QMamba: On First Exploration of Vision Mamba for Image Quality Assessment

Q1: Some clarification about the suboptimal performance on some small datasets, i.e., LIVE, CSIQ, LIVEFB.

A1: Thanks for your great suggestions. We will clarify the reasons for the suboptimal performance of our method on some classical datasets, e.g., LIVE, CSIQ, and LIVEFB with similar parameters/flops.

(i) First, we have to argue that it is very challenging for all existing IQA models to achieve the best performances on all IQA datasets due to the different dataset distributions and sizes, which focus on different capabilities of the IQA model, e.g., local/global representation modeling, distortion perception, etc. However, our Mamba-based model can achieve optimal performances on 5 among 8 datasets, especially for the challenging three real-world datasets and two large-scale IQA datasets, showing obvious advantages compared with other methods, which only achieve optimal performances on 1 or 2 classic datasets.

(ii) Secondly, our proposed LQMamba backbone is actually a fundamental framework, which is complementary to other strategies instead of the backbone design. It is noteworthy that existing works achieving great performances on traditional small datasets, e.g., LIVE, and CSIQ, have introduced some strategies over the backbones to improve the data-efficient training. For example, LoDa introduces the hybrid architecture of CNN and Transformer to extract the hierarchical representation of degradation, thereby achieving great performance on LIVE. DEIQT introduces multiple attention panels to extract different quality perspectives, which enhances the quality assessment of transformer-based architecture. However, these strategies can be theoretically applied to our Mamba-based architecture, which further enhances the capability of our method on some traditional datasets.

(iii) Actually, the real-world IQA datasets and large-scale IQA datasets are more aligned with practical applications, which can demonstrate the potential and generalization of designed models in the real world. From the experiments in Table 1, our Mamba-based method can achieve optimal/second optimal performances on all real-world IQA datasets and large-scale IQA datasets.
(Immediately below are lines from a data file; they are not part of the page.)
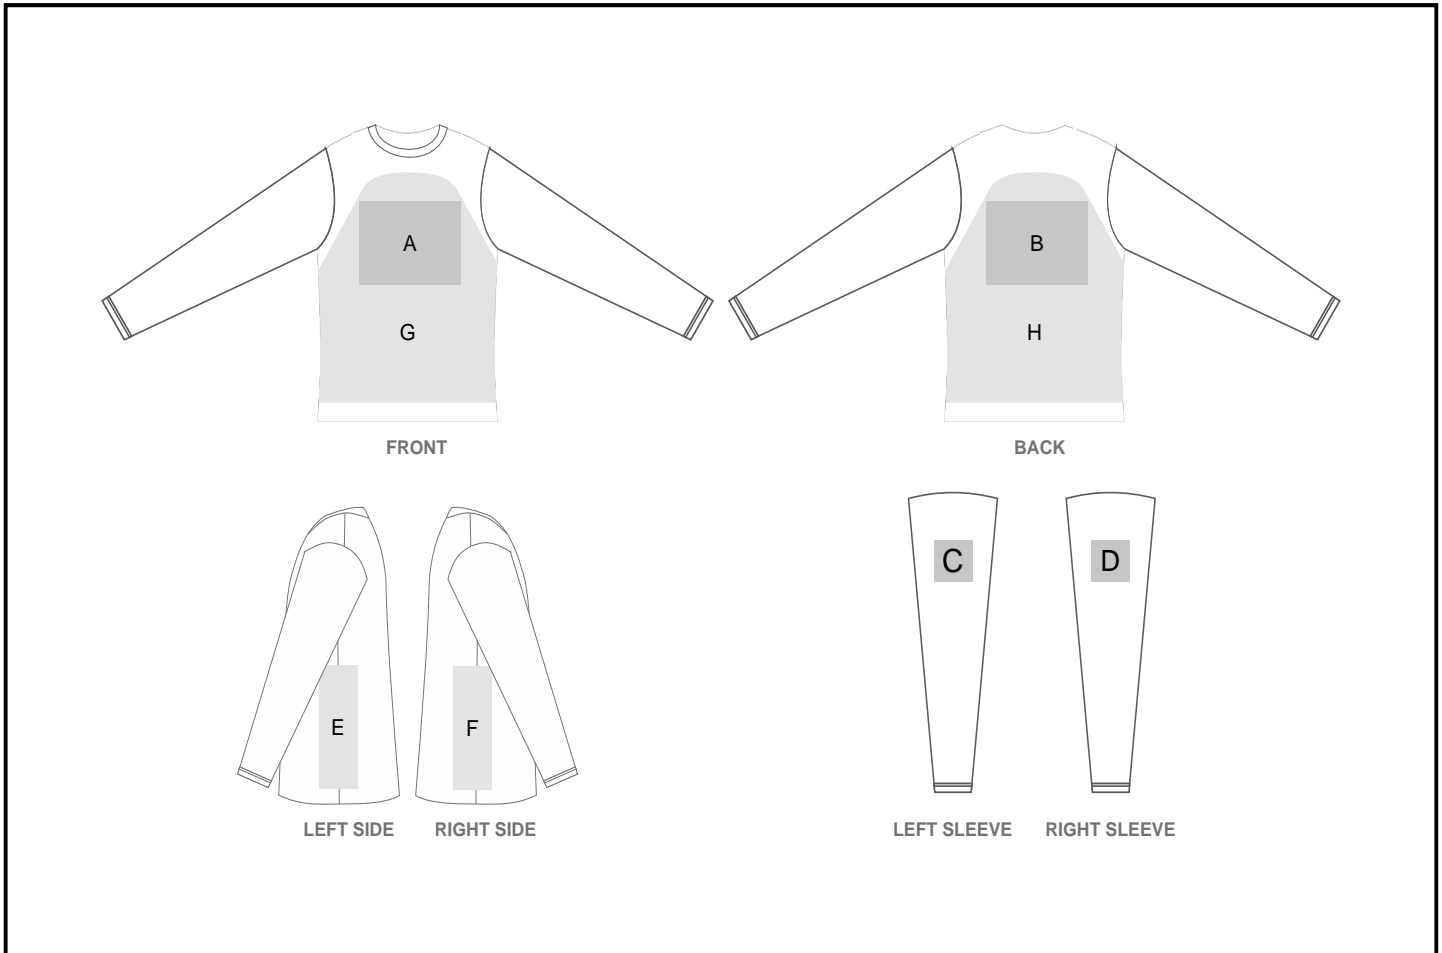

TS-AL-67-A

Kids Long Sleeve All Star T-Shirt

Need to know:

- Includes 1 Colour, 1-Position Screen Print (setup fee applies)
- NO Laser on BL; N and W garments and piping
- Laser can be branded over zips and seams
- Recommended size for left or right chest: (10-14 Years) 90mm wide x 60mm high

Branding Options:

| Position | Branding Method (Branding Code) | No. of Colours | Dimension |
|----------|---------------------------------------|----------------|-------------------------|
| A | Screen Print (SA) | 6 Colours | 260mm wide x 200mm high |
| A | Embroidery (EMB-A) | N/A | 100mm wide x 100mm high |
| A | Digital Transfer T-shirts A6 (DTC-T1) | Full Colour | 148mm wide x 105mm high |
| A | Digital Transfer T-shirts A5 (DTC-T2) | Full Colour | 210mm wide x 148mm high |
| A | Digital Transfer T-shirts A4 (DTC-T3) | Full Colour | 290mm wide x 200mm high |
| B | Screen Print (SA) | 6 Colours | 260mm wide x 200mm high |
| B | Embroidery (EMB-A) | N/A | 100mm wide x 100mm high |

| | | | |
|---|---------------------------------------|-------------|-------------------------|
| B | Digital Transfer T-shirts A6 (DTC-T1) | Full Colour | 148mm wide x 105mm high |
| B | Digital Transfer T-shirts A5 (DTC-T2) | Full Colour | 210mm wide x 148mm high |
| B | Digital Transfer T-shirts A4 (DTC-T3) | Full Colour | 290mm wide x 200mm high |

| | | | |
|---|---------------------------------------|-------------|-----------------------|
| C | Screen Print (SA) | 6 Colours | 60mm wide x 60mm high |
| C | Embroidery (EMB-A) | N/A | 80mm wide x 60mm high |
| C | Digital Transfer T-shirts A6 (DTC-T1) | Full Colour | 80mm wide x 80mm high |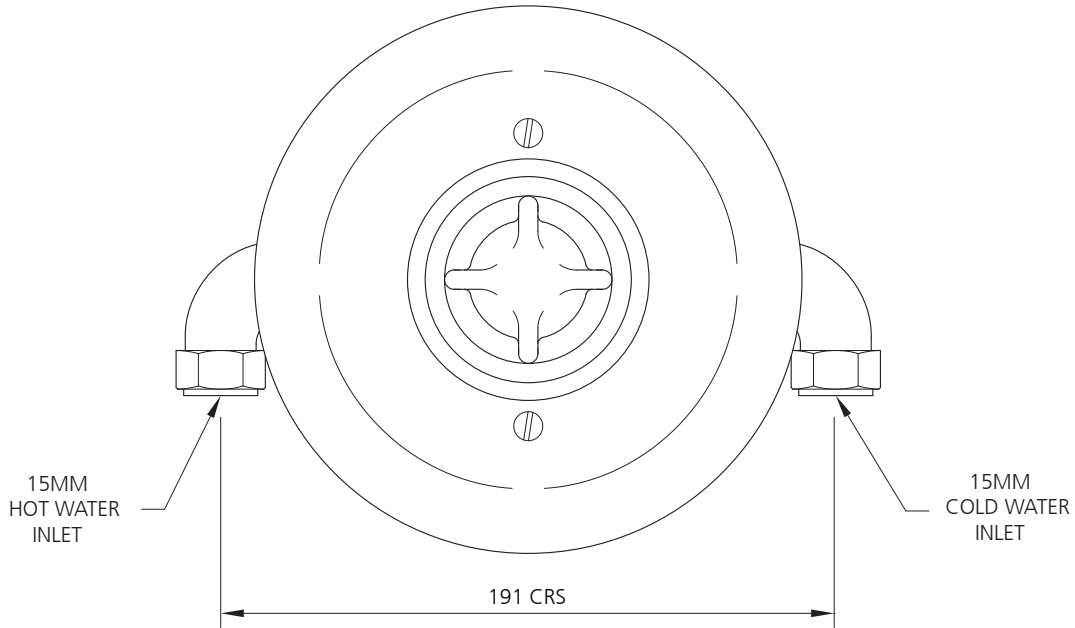

LEFROY BROOKS

IBROC HOUSE ESSEX ROAD
HODDESDON HERTS EN11 0QS UK
T: +44 (0)1992 708 316 F: +44 (0)1992 708 317

RT-8800

BELLE AIRE ARCHIPELAGO THERMOSTATIC
SHOWER VALVE

DIMENSIONAL DATA SHEET

DATE: 2 August 2010

ISSUE: 050

DIMENSIONS IN MILLIMETRES

These reveal the effectiveness of our Q-Mamba compared with existing works.

(iv) From the technical contribution, instead of the first Mamba-based IQA backbone, we also propose StylePrompt, a lightweight tuning paradigm that enables effective cross-domain transfer using only 4% of the total parameters, while achieving near full fine-tuning performance.
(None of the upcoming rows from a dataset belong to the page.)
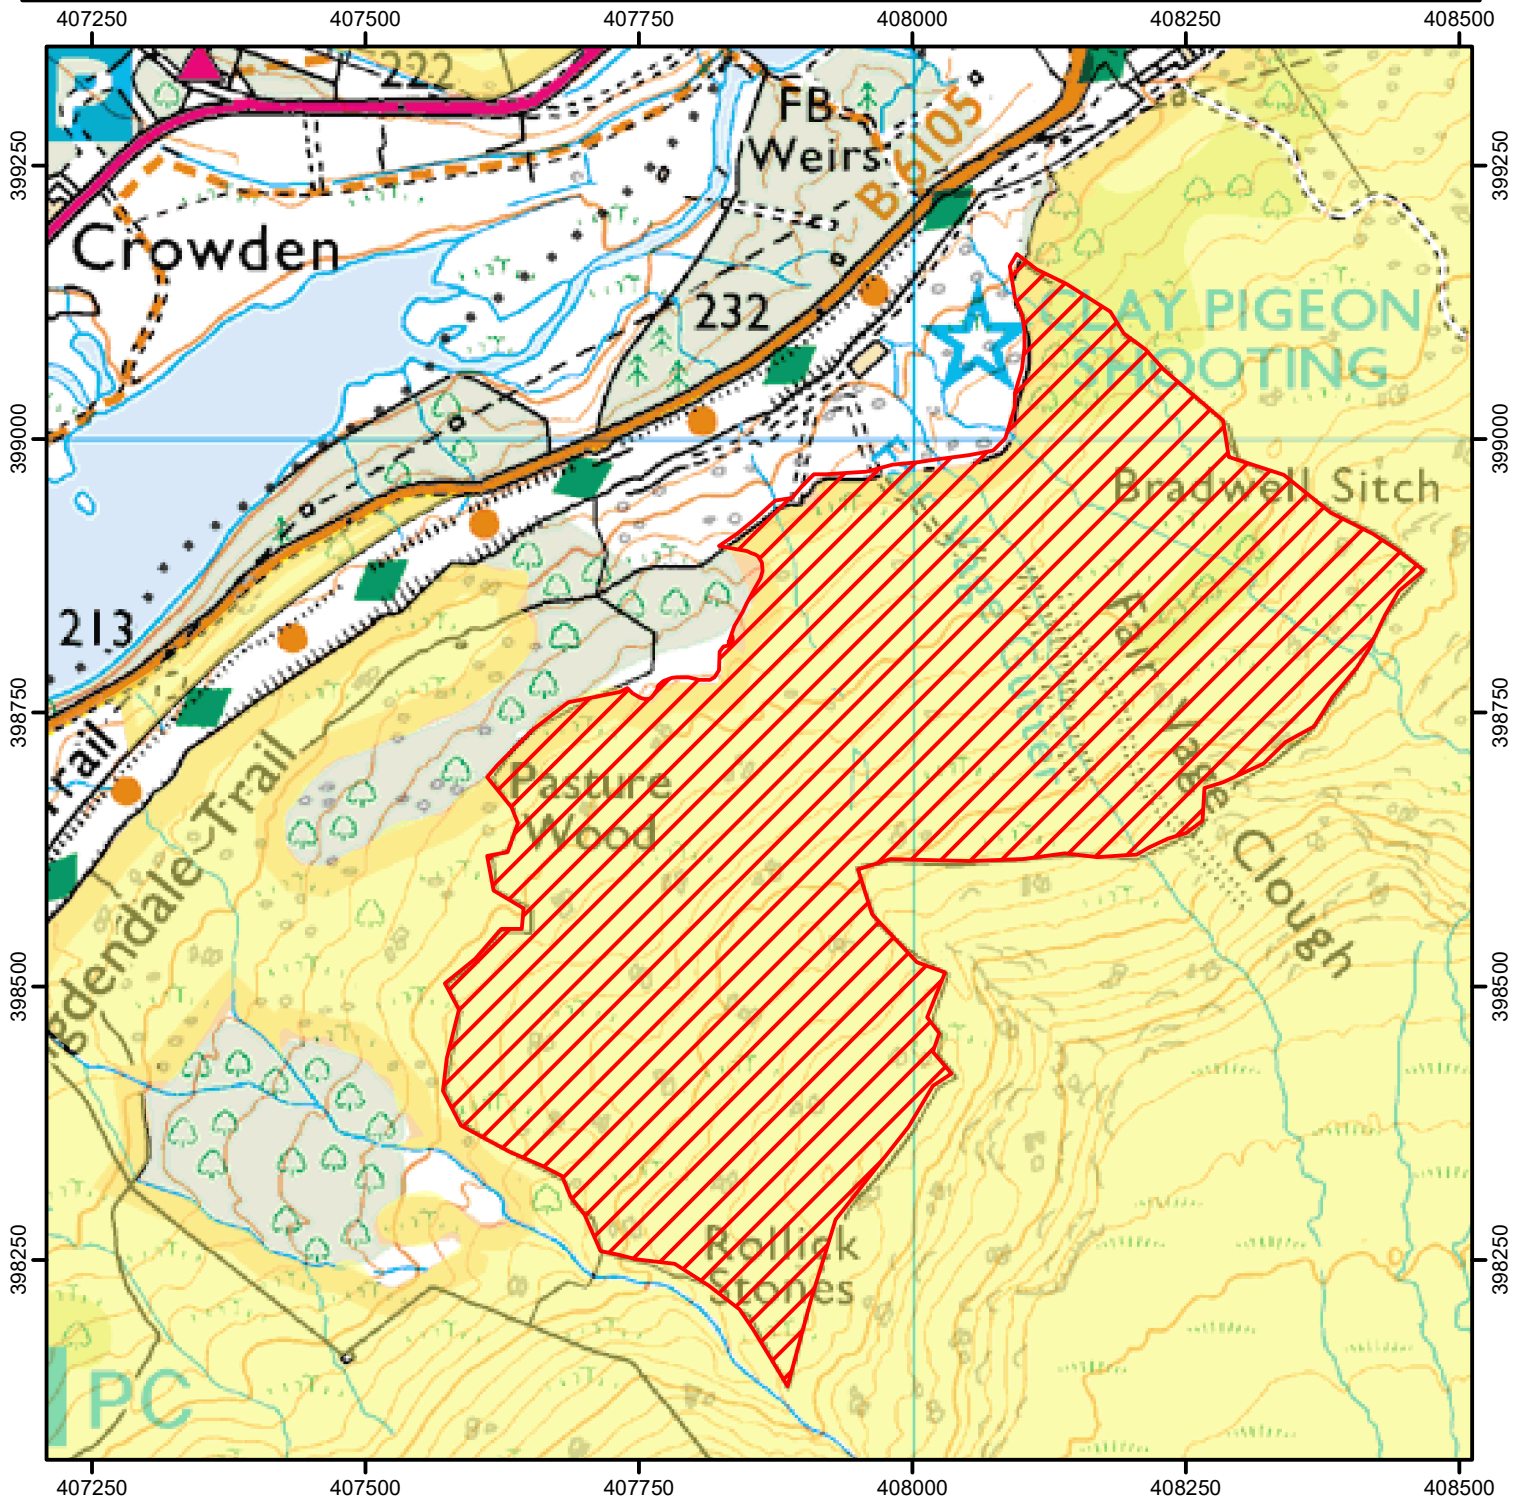

NATURAL
ENGLAND

CROW Open Access: Consultation on review of restriction

Please see accompanying notice.

Consultation start date: 14 February 2025

Consultation end date: 28 March 2025

Case number : 2014117473

0 150 300 Metres

Restricted Open Access Land

Open Access Land

© Crown Copyright and database right 2025. All rights reserved. Ordnance Survey Licence number 100022021.

For more information call the Open Access Contact Centre on 0300 060 2091
or visit our website at www.gov.uk/right-of-way-open-access-land/use-your-right-to-roam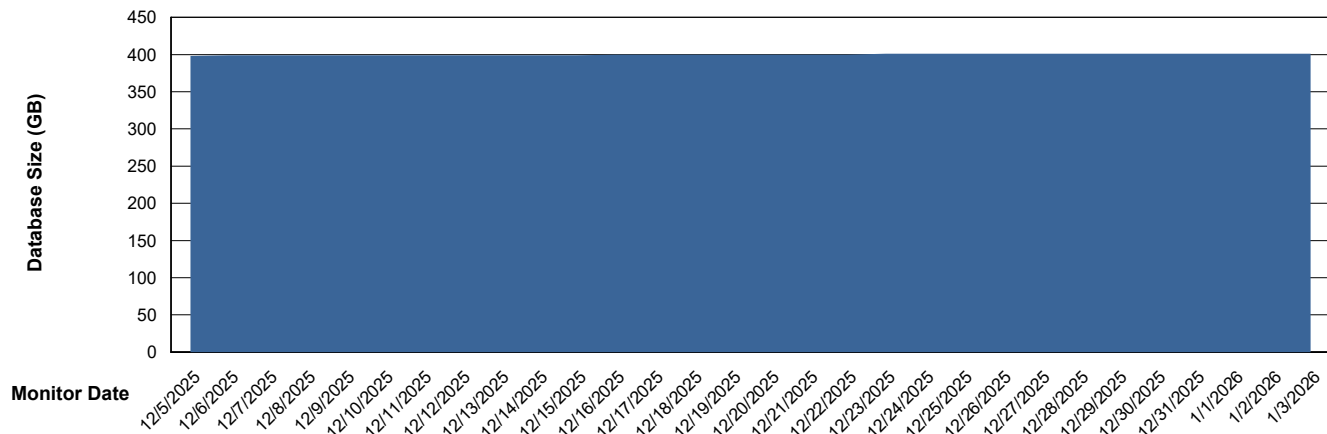

DATABASE SIZE STK_PRD_ABSDBORACLE01_ABS1

Database growth over last month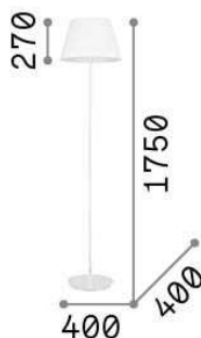

General info

DECORATIVO - Floor

Indoor floor lamp with multiple sources, in-built switch and diffuse light emission

Ean	8021696111452
Item	CYLINDER PT2
Installation	Floor
Guarantee	5 years
Gross weight	11.49 kg
Volume	-

Technical info

Net weight	10.01 kg
Insulation class	II
Protection index	IP20
Operating temperature	0° ~ +40 °C
Dimmer	Non-dimmable
Power output	220-240 V AC
Power supply	Not required

Source info

Integrated source	Light bulb (not included)
Replaceable source	Replaceable
Power	E27 max 2 x 60W
Emission	Diffuse
Max consumption	-
Recommended bulb	E27 GOCCIA 08W 3000K CRI80 BIANCO

We will further improve the generalization capability of Q-Mamba and excavate its potentials on some classic IQA datasets in the future.

Q2: Suggestion about Comparisons with Recent Methods.

A2: We thank the reviewer for the helpful suggestions. We have carefully reviewed and compared our method with the suggested recent works, including TOPIQ, RichIQA, AHIQ, and SF-IQA.

Although TOPIQ achieves better results than QMamba on two small-scale datasets (LIVE and CSIQ), we outperform it on more complex and diverse datasets such as TID2013, CLIVE, KonIQ-10k, and SPAQ, which are more representative of real-world IQA challenges. We believe this reflects the stronger generalization and robustness of our model.

Additionally, AHIQ and SF-IQA are tailored for specific competition settings and only report results on a few small datasets (1–3), often under special constraints. In contrast, we evaluate our method on 10 datasets, covering a broad range of synthetic, authentic, and AIGC-related distortions.

Hence, while we appreciate the value of these recent works, we believe that our comprehensive, consistent, and large-scale evaluation across diverse scenarios offers a more complete and robust comparison. Our results suggest that QMamba is highly competitive and practically effective across both standard and challenging IQA tasks.

Q1: Key difference between LQMamba and LocalMamba.

A1: Thank you for pointing this out. We want to clarify that while LQMamba is inspired by LocalMamba, it differs in design motivation and technical implementation, specifically with a hierarchical structure for image quality assessment (IQA).

LocalMamba uses adaptive scan selection with multiple window configurations via attention-based routing. While suitable for high-level classification tasks, this introduces unstable inference behavior and higher computational cost, especially in IQA, where local distortions dominate.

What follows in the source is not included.